* _What this task involves_
Among the records, which lines include "colloner"? List them.

* _Record set_
+ + + +

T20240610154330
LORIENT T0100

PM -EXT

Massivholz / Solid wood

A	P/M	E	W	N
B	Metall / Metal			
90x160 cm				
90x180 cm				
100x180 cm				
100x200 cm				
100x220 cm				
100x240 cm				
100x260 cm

+ + + +

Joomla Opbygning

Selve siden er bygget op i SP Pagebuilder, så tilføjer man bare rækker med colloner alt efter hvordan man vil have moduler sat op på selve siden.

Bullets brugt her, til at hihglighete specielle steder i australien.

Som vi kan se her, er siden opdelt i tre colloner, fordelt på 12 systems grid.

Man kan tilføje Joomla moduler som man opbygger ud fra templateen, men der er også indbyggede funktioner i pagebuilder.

+ + + +

* _Solution for this task_
Selve siden er bygget op i SP Pagebuilder, så tilføjer man bare rækker med colloner alt efter hvordan man vil have moduler sat op på selve siden.
Som vi kan se her, er siden opdelt i tre colloner, fordelt på 12 systems grid.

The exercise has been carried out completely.